- Exercise directions: Copy nothing but the lines below running from the line containing "90x90cm - 90x120cm" through the line containing "90 x 180cm / 100 x 180cm", both end lines included.

*** Opening of Exercise material ***

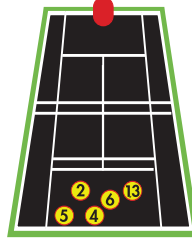

[MOONBALLER]

MOONBALLER

Master the moonballer player style!

Moonballers can be a nightmare to play against. Like slow pitch softball, the high arcing pitch looks like it should be easy to hit, but it's not! To play the moonballer, you need a combination of patience and a good midcourt swinging volley to move forwards and finish the points. Don't be afraid to move back and let the high bouncing ball drop to a more comfortable height.
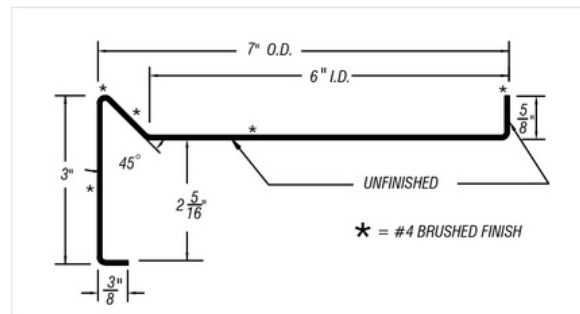

## SLOPED DRINK RAIL WITH LOOSE GLASS RINSER AND DRAIN COUPLING - RIGHT

FLOOR PLAN

SECTION A

PART #	NAME	MATERIAL	FINISH
DR458-6-GRSD-3	Sloped Drink Rail with Loose Glass Rinser & Loose Drain Coupling - Right.	16 Ga. Stainless Steel #304 alloy	Satin (#4 Brush)

## LOOSE SMALL SINK DRAIN COUPLING

1 1/4" PUNCHED  
HOLE TO FIT DRAIN

DRINK RAIL SOLD  
SEPARATELY

DRAIN COUPLING	PART #	NAME	DRAIN SIZE	INLET
BRAND: KROWNE	23-120	1-1/4" Slanted Top Drain	1-1/4"	1" NPT Male
<ul style="list-style-type: none"> <li>• For 1-1/4" sink and ice bin openings</li> <li>• Tapered top</li> <li>• Locknut and washer included</li> <li>• Uses 23-155 Overflow</li> </ul>				
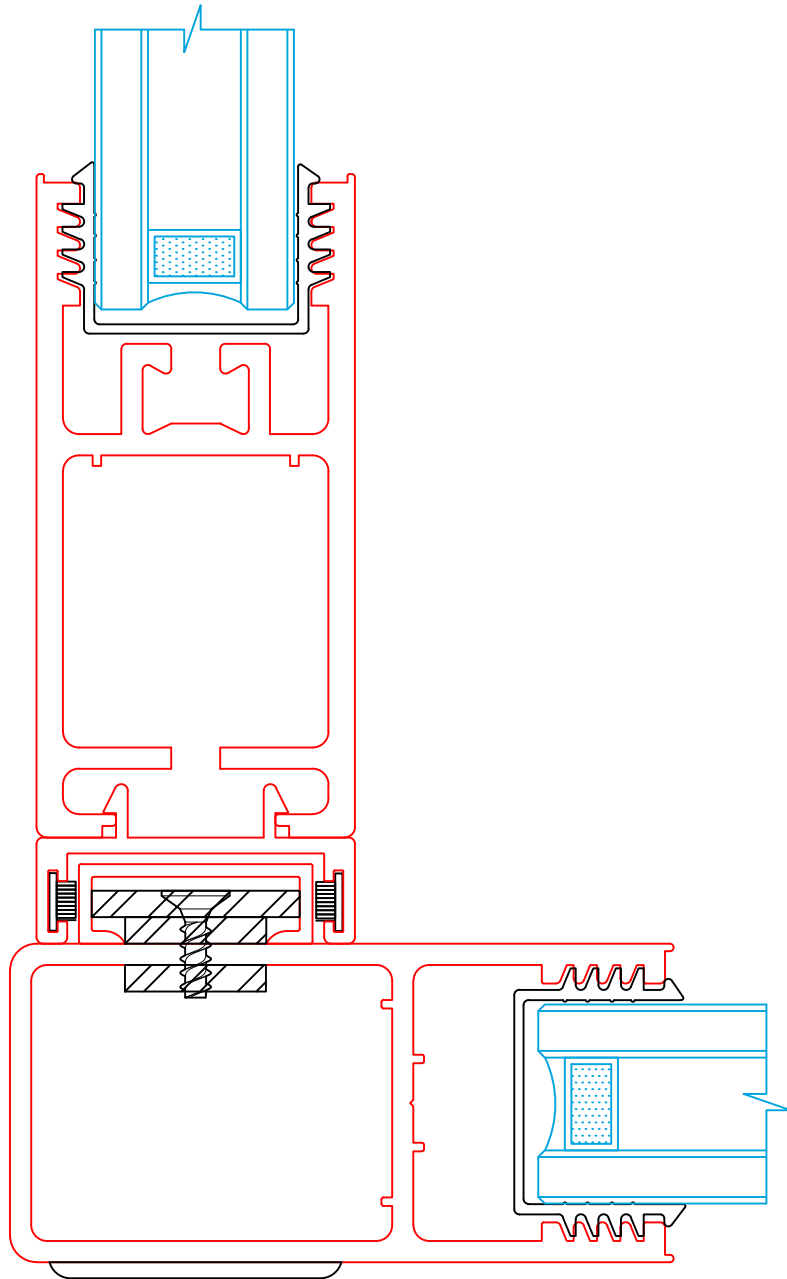

5F Vari-Slide Rail Options

2 3/4" Rail is not available using the Concealed Slim-Track

6A Vari-Slide Head

6B Vari-Slide Head w/ Screen

7A Vari-Slide Fixed Jamb
Flush Track w/ Riser

7B Vari-Slide Fixed Jamb w/ Screen
Flush Track w/ Riser

8A Vari-Slide Lock Jamb
Flush Track w/ Riser

8B Vari-Slide Lock Jamb w/ Screen
Flush Track w/ Riser

9A Vari-Slide Sill
Flush Track w/ Riser

9B Vari-Slide Sill w/ Screen
Flush Track w/ Riser

EXT.

DRAIN CHANNEL
OPTIONAL

10A

Vari-Slide Sill
Slim-Track

10B Vari-Slide Sill
Slim-Track

10C Vari-Slide Head

⑩D Flush Track / Panelized Screen

(11A) Vari-Slide Sill
Flush Track w/ Riser

①1B Vari-Slide Meeting Stile
Bi-Part Inline

EXT.

11C Vari-Slide Meeting Stile
Bi-Part 90°

EXT.

EXT.

Varies Degrees
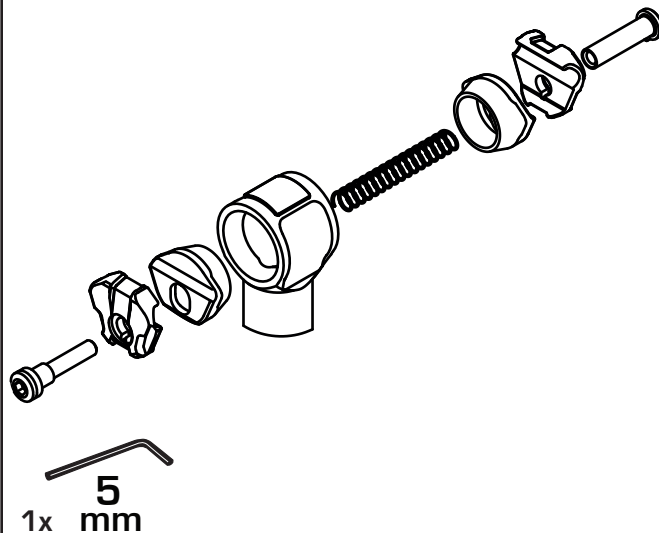

PRO KORYAK

PRO KORYAK + FIX-AID
DROPPER SEATPOST
INSTALLATION
PR510075

F1.

F2.

F3.

PRO FIX-AID
Mounting paste/ Pate de montage

F4.
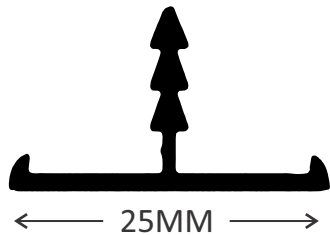

PRODUCT CODE	KT2432	SIZE (MTR)	3
PRODUCT NAME	T Profile 25MM		
PCS PER BOX	50		
FINISH	Black Matt	Glossy	Golden
	Gold Brush Matt	Grey Matt	Rose Gold
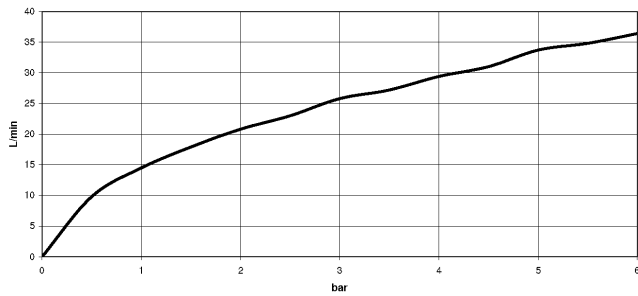

# VAIA Shower thermostat - Brushed Champagne (22kt Gold)

---

VAIA

ST 060 113 4809

ST 060 113 4809

mm [inches]

### Flow rate chart
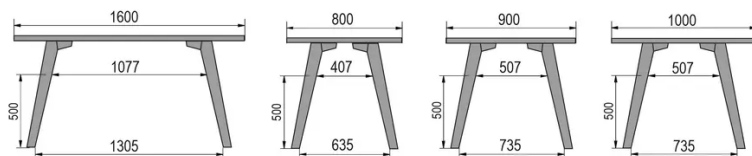

TYPE

dining room table, total height 76cm

TABLETOP

30mm multiplex tabletop with a 0.9mm FENIX surface, natural coloured bevelled edge.

EXTENSION(S)

This version is always without extension

FEET

Solid wood

SPECIAL FEATURES

-

SECURITY

Our tables are heavy and require two people to assemble or move them.

DIMENSIONS (CM)

80x80cm - 80x120cm - 80x140cm - 80x160cm

90x90cm - 90x120cm - 90x140cm - 90x160cm - 90x180 cm - 90x200cm

100x100cm - 100x160cm - 100x180cm - 100x200cm - 100x220cm - 100x240cm

MOOD T3 T0300

WHICH SIZE?

80 x 120cm / 90 x 120cm

80 x 140cm / 90 x 140cm

80 x 160cm / 90 x 160cm / 100 x 160cm

90 x 180cm / 100 x 180cm

90 x 200cm / 100 x 200cm

100 x 220cm

100 x 240cm

WEIGHT & PACKAGING

Dimensions: 80X80 cm

Number of boxes: 2

Grossweight: 25 kg

Packing volume: 0,10 m³**Dimensions:** 80X120 cm
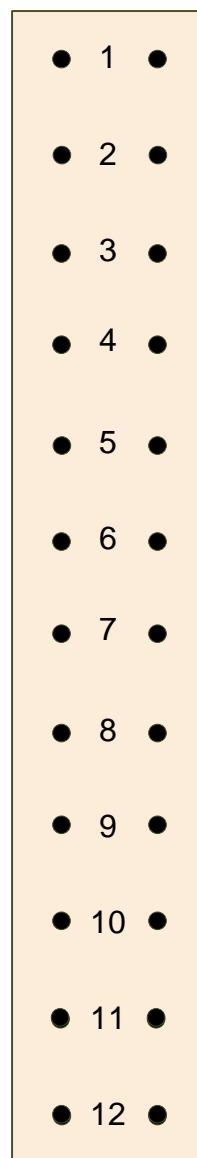

AIU RELAY INTERFACE BOARD BLOCK CONTROL CIRCUITS WIRING PLAN

SIGNALS FROM AIU
BLOCK
CONTROL

12VDC RELAY
2 POLE

2-POLE
RELAY

WIRING TO TRACK
BLOCK
CONTROL

PRO HOBBY DESIGNS
Kansas City, MO

Copyright 2013 by Pro Hobby Designs
prohobbydesigns@hotmail.com
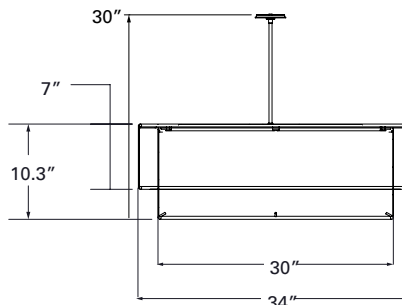

Diameter: 36"

- Delivered Lumens (@3500K): 6894
- Wattage: 79W
- CRI: 83+
- CCT: 2700K, 3000K, 3500K, 4000K

Light ARchitect™

ORDERING INFORMATION (Select FIXTURE NUMBER and SHADE NUMBER to complete specification)

Fixture Number: 143-24-P1S-L5/827-UNV-ALP-24

Series ¹	Size	Mounting Type	LED Lamp		LED Voltage	Finish (Canopy, Stem, Finial)	Options ²	Overall Height (OAH)
143 = Drum Pendant	24 = 24" 30 = 30" 36 = 36"	P1S = Single Stem P1SAC = Single Stem with Aircraft Cable	24" L5/827 L5/830 L5/835 L5/840	36" L9/827 L9/830 L9/835 L9/840	UNV (120-277)	MW = Matte White MB = Matte Black BM = Bronze Metallic DP = Dark Platinum ALP = Aluminum Paint GRM = Graphite Metallic CC = Custom Color specify	SCAXX = Sloped ceiling adapter TC = White acrylic top	24 = 24" OAH 28 = 28" OAH 34 = 34" OAH XX* = custom length must be specified (143-24=12"- 96") (143-28=14"- 96") (143-34=16"- 96")

*Shade in Shade option for Fabric selections only.

ORDERING INFORMATION (Select FIXTURE NUMBER and SHADE NUMBER to complete specification)

Shade Number: 143-24-SHD-SIW-SIS-EDT

Series	Size	SHD	Finish		Outer Shade Material
143 = Drum Shade	24 = 24" 30 = 30" 36 = 36"	SHD = Shade Fabric	Fabric: VLW = Verona Linen White SIW = Silk White SIY = Silk Ivory SWH = Shantung White SEG = Shantung Eggshell SBG = Shantung Beige	GBB = Glynn Brussels Beige LOLA = Lola Sand NGS = Silk Glow LCK = Linen Chopstick LAT = Linen Alabaster	Vinyl: ABR = Alabaster Vinyl NFX = Natural Flax GHY = Golden Honey SIS-EDT = Top Square-in Shade, Earth Dust SIS-WMT = Top Square-in Shade, White Mist

DIMENSIONS

143-24-P1S
(SINGLE STEM)

143-30-P1S
(SINGLE STEM)

143-36-P1S
(SINGLE STEM)

OPTIONS

TOP COVER (TC)

SLOPED CEILING ADAPTOR (SCA)

*** Close of Exercise material ***

- Solved exercise:
90x90cm - 90x120cm - 90x140cm - 90x160cm - 90x180 cm - 90x200cm

100x100cm - 100x160cm - 100x180cm - 100x200cm - 100x220cm - 100x240cm

MOOD T3 T0300

WHICH SIZE?

80 x 120cm / 90 x 120cm

80 x 140cm / 90 x 140cm

80 x 160cm / 90 x 160cm / 100 x 160cm

90 x 180cm / 100 x 180cm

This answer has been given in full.